# Öffenlicher Bereich > Termine >  Thaifest in Mülheim a.d.Ruhr

## Willi Wacker

Thaifest in Mülheim a.d.Ruhr
...heute der Auftakt
Morgen wird's rappe voll

----------


## Robert

Und es war am heutigen Sonntag voll:

----------


## Willi Wacker

...währen wir uns fast über den Weg gelaufen
hatte Heute aber nur Frau und Tochter hin gebracht 
und so wie es sich für einen fürsorglichen Mann und Vater gehört
auch wieder abgeholt

----------


## Robert

> ...währen wir uns fast über den Weg gelaufen
> hatte Heute aber nur Frau und Tochter hin gebracht 
> und so wie es sich für einen fürsorglichen Mann und Vater gehört
> auch wieder abgeholt


Dann hättest Du Monta, Dragon und Hualan auch kennenlernen können...  ::

----------


## walter

Wir hatten heute auch ein kleines Thaifest.

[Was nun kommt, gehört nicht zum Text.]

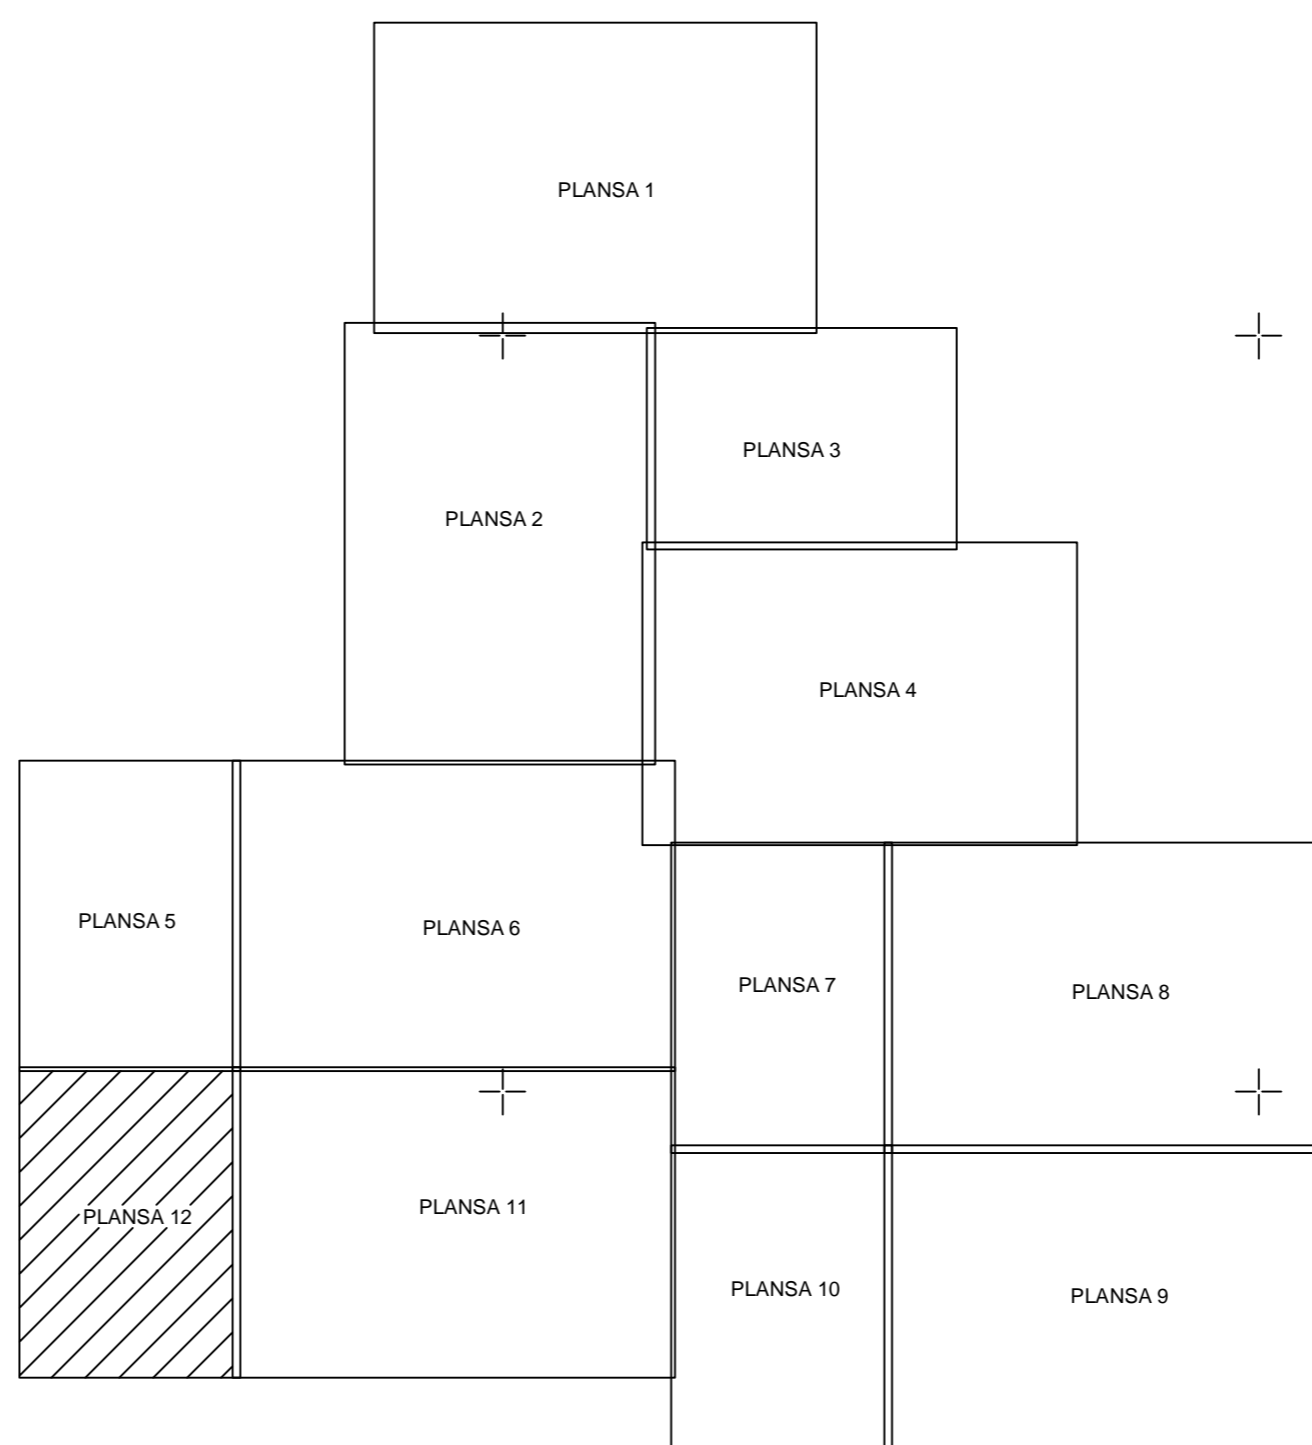

Spre publicare

PLAN CADASTRAL

UAT LEU - Judetul Dolj - Sector cadastral 9

Scara 1:1000, Sistem de proiectie STEREO 70

UAT GHINDENI

Legenda

-  Limita judet
-  Limita UAT
-  Limita intravilan
-  Limita sector cadastral
-  Limita tarla
-  Numar tarla
-  Numar sector
-  Identificator Imobil

SCHITA CU DISPUNEREA SECTOARELOR CADASTRALE

EXECUTANT
S.C. TOPOSURVEY
SRL

Data intocmirii planului cadastral
18.11.2022

Ich mit 3 Thaimädels und einem Thai, der aber früher ging.   ::  

War der Hualan mit dem Herbert unterwegs? Stark. Dann wird er bald wieder im BBG aufschlagen.

----------


## Robert

> War der Hualan mit dem Herbert unterwegs? Stark. Dann wird er bald wieder im BBG aufschlagen.


Herbert war mit mir unterwegs, Hualan war mit anderen da, der ist seit knapp 4 Wochen wohl zurück...

----------


## walter

Über den Hualan weiß ich nichts mehr. Ich habe mich bei ihm und funfun aus dem BBG abgemeldet. Bin ja gespannt wie lange es mit der Löschung dauert. 

Gruß an Herbert

----------


## Willi Wacker

> Dann hättest Du Monta, Dragon und Hualan auch kennenlernen können...


...na ja, Dragon weiss ich nich
auf Monta hätte ich z.Z. eher kein Bock
und zum Hualan könnte ich hin fahren wenn ich wollte
er wohnt ja hier in der Nähe

...war Andreas auch da ?

----------